Jewish dating experts point to a trend in which conversation, by phone or online, often takes the place of face-to-face meetings. They also cited a tendency on the part of big-city men to compartmentalize intimacy.
Jennifer Zucher, co-founder of Project Soulmate, a New York-based matchmaking company that specializes in all clients (including Jewish ones), said, “Maybe these guys are not ready to settle down; he wants one girl to hook up with, and enjoys talking to [another] to see if there’s potential down the road.”
Michelle Frankel, dating coach and owner of NYCity Matchmaking, a New York-based matchmaking service that specializes in Jewish clients, spoke about what she’s dubbed the “pen pal complex.”
“Many guys on J-Date, SawYouAtSinai, Match, whatever — they want to e-mail but not actually meet,” says Frankel.
She believes there may be sociological reasons for the phenomenon.
“A lot of my clients and guy friends are conflicted,” she said. “Their families want them to date Jewish women, and Judaism is important to them as well. But they feel that non-Jewish women are more free-spirited, and there’s less pressure with them.”

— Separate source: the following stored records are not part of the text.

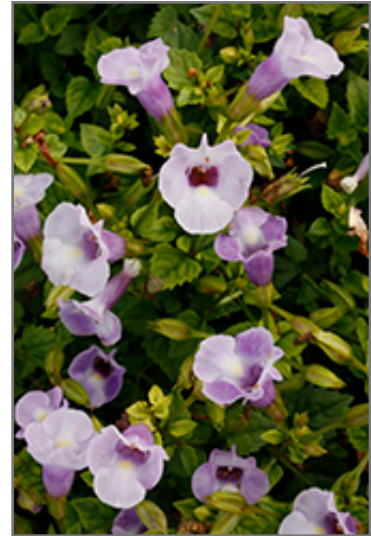

Height: 10 inches

Spread: 3 feet

Spacing: 24 inches

Sunlight: ☐ ●

Hardiness Zone: (annual)

Other Names: Wishbone Flower

Group/Class: Summer Wave Series

Description:

A wonderful vigorous trailing series with excellent heat and shade tolerance; silver blooms with purple throats cascade from green, toothy foliage; perfect addition to patio containers, window boxes, baskets and beds; self-cleaning and low maintenance

Ornamental Features

Summer Wave Trailing Large Silver Torenia features showy silver tubular flowers with purple centers along the stems from late spring to mid fall. Its small serrated pointy leaves remain green in color throughout the season.

Landscape Attributes

Summer Wave Trailing Large Silver Torenia is an herbaceous annual with a trailing habit of growth, eventually spilling over the edges of hanging baskets and containers. Its relatively fine texture sets it apart from other garden plants with less refined foliage.

This plant will require occasional maintenance and upkeep, and should not require much pruning, except when necessary, such as to remove dieback. It is a good choice for attracting bees and hummingbirds to your yard, but is not particularly attractive to deer who tend to leave it alone in favor of tastier treats. It has no significant negative characteristics.

Summer Wave Trailing Large Silver Torenia is recommended for the following landscape applications;

*Summer Wave Trailing Large Silver
Torenia flowers
Photo courtesy of NetPS Plant Finder*
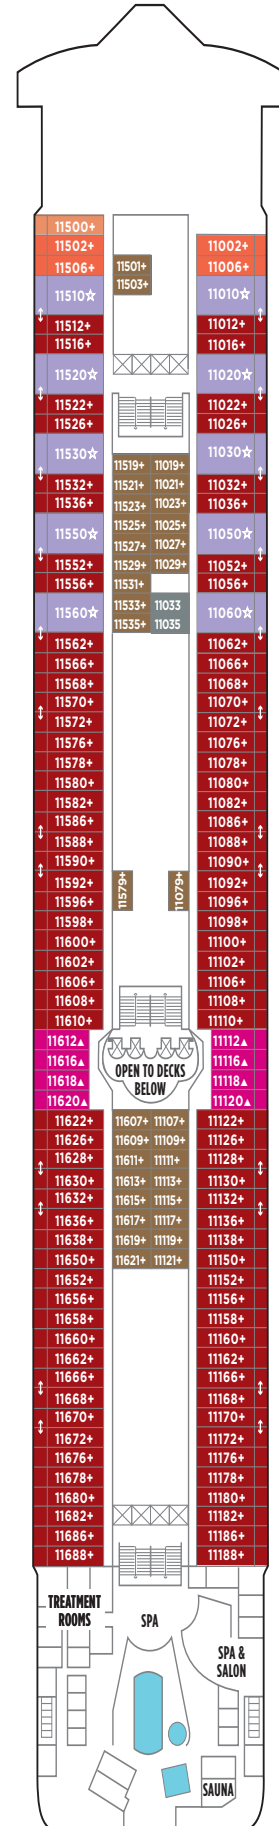

S4 MA MB MX BA I4 IA

DECK 11
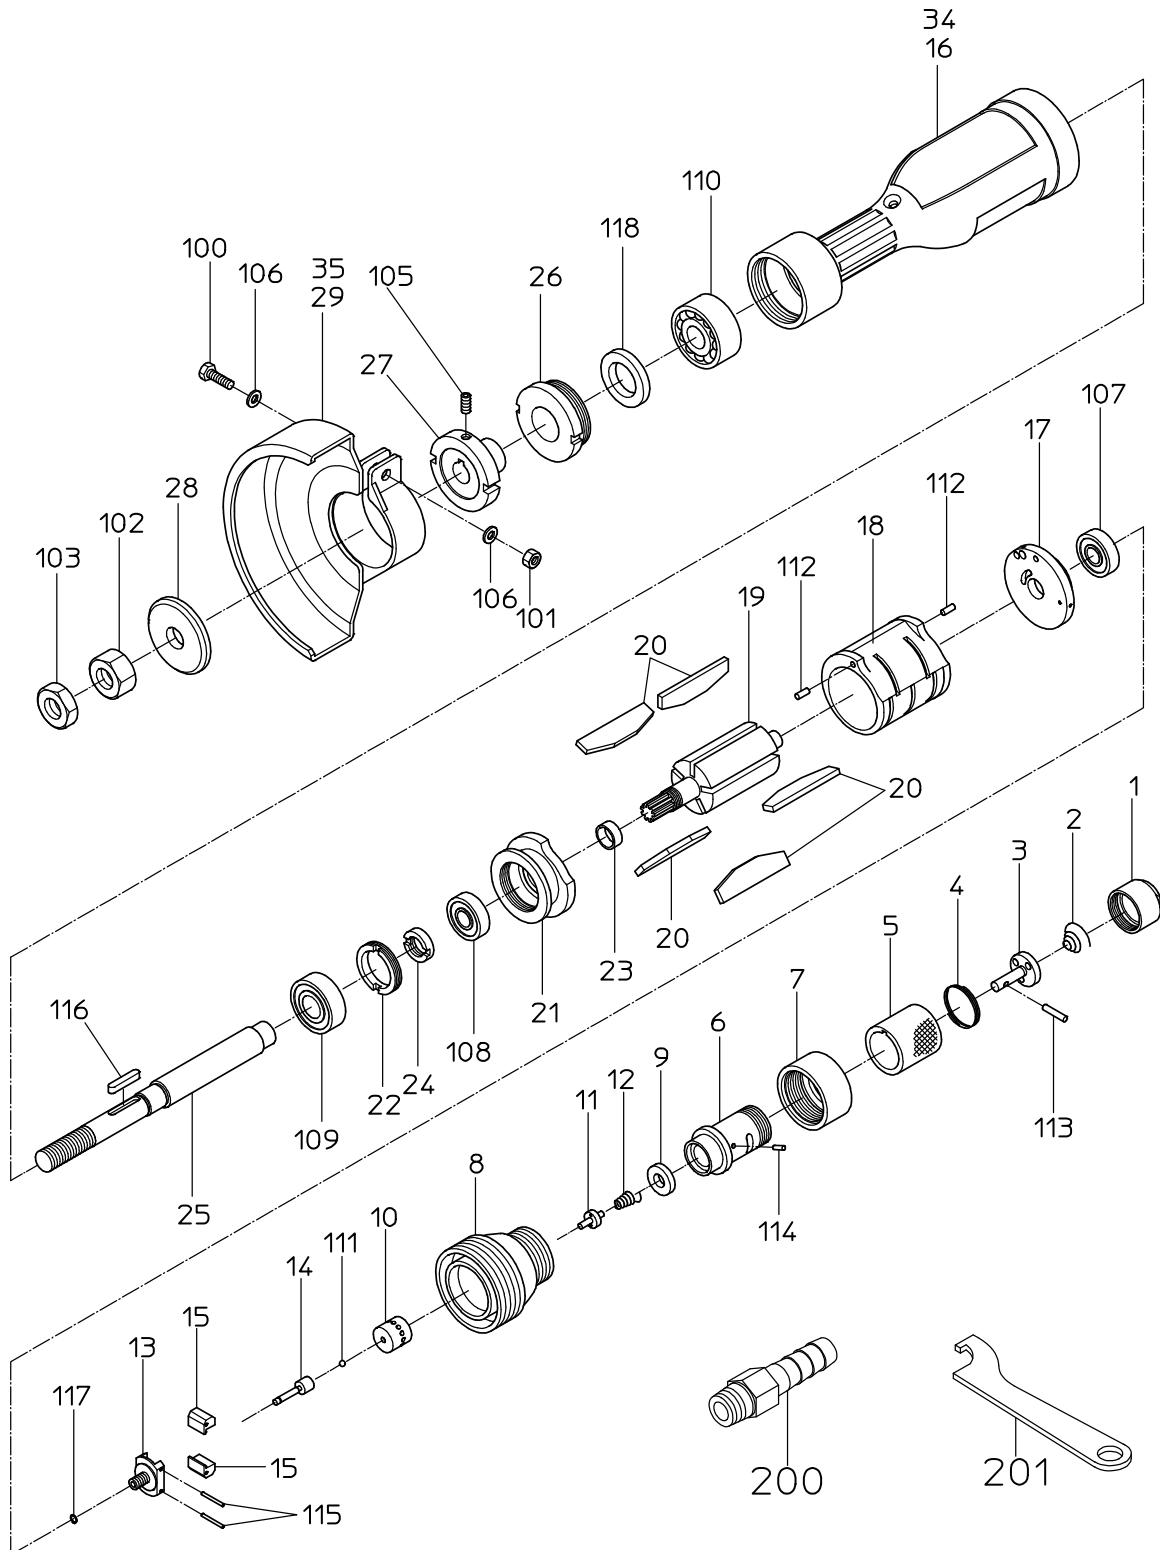

PARTS LIST

NHG-150

501668

NIPPON PNEUMATIC MFG. CO., LTD.

PARTS LIST

(1/2)

MODEL : **NHG-150**

501668

ITEM	PART NO.	PART NAME	Q' ty
1	15007730	INLET BUSHING	1
2	15007640	THROTTLE SPRING	1
3	15007770	THROTTLE VALVE	1
4	15007660	PUSH SPRING	1
5	15005990	GRIP	1
6	15006000	THROTTLE ARBOR	1
7	15006010	ARBOR NUT	1
8	Not available separately. Available only as HANDLE WB (P/No. 15015257)	HANDLE	1
9	15005970	GOVERNOR WASHER	1
10	15005950	GOVERNOR BUSH	1
11	15005920	GOVERNOR VALVE	1
12	15004230	GOVERNOR SPRING	1
13	15007700	GOVERNOR BODY	1
14	15005960	GOVERNOR SPINDLE	1
15	15007710	GOVERNOR WEIGHT	2
16	15004320	ROTOR CASE	1
17	15006120	TOP PLATE	1
18	15004280	CYLINDER	1
19	15004310	ROTOR	1
20	15016099	VANE	5
21	15004290	BOTTOM PLATE	1
22	15004300	PLATE NUT	1
23	15004330	ROTOR BUSH	1
24	15004340	ROTOR NUT	1
25	15004360	STONE SPINDLE	1
26	15004350	SPINDLE NUT	1
27	15016054	STONE FLANGE	1
28	15004260	STONE WASHER	1
29	Not available separately. Available only as STONE COVER CP (P/No. 15015256)	STONE COVER	1
34		NAME PLATE	
35		NAME PLATE	
100	72206018	HEX. BOLT	1
101	76111206	NUT	1
102	28100385	HEX. NUT	1
103	28100393	HEX. NUT	1
105	28100467	SET SCREW	1
106	76310206	WASHER	2
107	28201088	BALL BEARING	1
108	28201089	BALL BEARING	1
109	28201090	BALL BEARING	1
110	28204113	BALL BEARING	1
111	25502120	STEEL BALL	1
112	28206059	PIN	2
113	28206062	PIN	1
114	28207052	ROLLER PIN	1
115	28208030	SPRING PIN	2
116	28209032	KEY	1
117	25307780	RETAINING RING	1
118	28302073	OIL SEAL	1
201	24999129	TURNING SPANNER	1

PARTS LIST

(2/2)

MODEL : **NHG-150**

501668

ITEM	PART NO.	PART NAME	Q' ty
	CP LIST		
	15015256	STONE COVER CP 29, 35, 100, 101, 106	
	15015257	HANDLE WB 8, 10	
	15015265	GOVERNOR CP 13, 14, 15, 111, 115, 117	
	15015287	GOVERNOR BODY CP 13, 15, 115	
	15015489	THROTTLE ARBOR CP 1, 2, 3, 4, 5, 6, 7, 113, 114	
	15015664	BOTTOM PLATE WBR 21, 108	
	15015678	TOP PLATE WBR 17, 107	
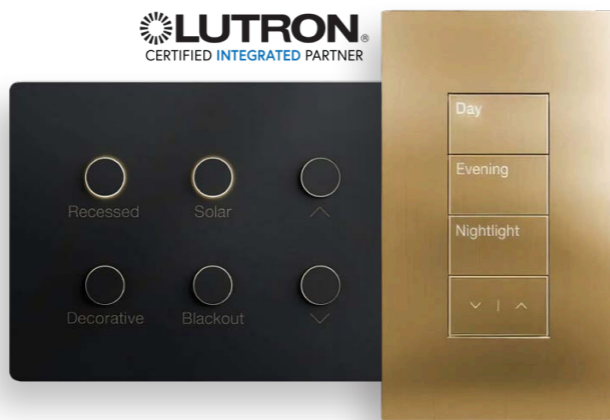

LUTRON
CERTIFIED INTEGRATED PARTNER

Pre-set Ambience

With pre-set lighting scenes like morning, evening, or entertain, our system transforms the room's ambience with just one touch.

The intellectual and family-oriented nature of Jewish life could be factors, too, Frankel believes.
“Maybe some Jewish men think things through as much as women do,” said Frankel. “Jewish women tend to be family oriented. In Jewish culture, you grow up, get married, get a good job and have children.
“Some men [Jewish or non-Jewish] will sleep with anyone. But others are like, ‘If I go there, all these expectations are going to be placed on me.’”
I have a certain sympathy for these men who hunger for intimate, emotionally and intellectually rich conversation and friendship with women. In a world where it’s easier than ever to communicate with a dizzying array of people via online dating, Facebook, Twitter, instant messaging, and texting, it seems that communication is more shallow than ever.
It’s also a world in which every erotic image imaginable is available at a click, and many women are willing to participate in casual hookups.
But if you are a woman with brains and values, can you be a holdout? And if you are, do you risk being pigeonholed as the “go-to” woman for gratifying conversation — and that’s it?
Maybe the next time a man calls me just to hear the sound of my voice, I’ll quote Nora Ephron: “In my sex fantasy, nobody ever loves me for my mind.”
If nothing else, it should make for good conversation.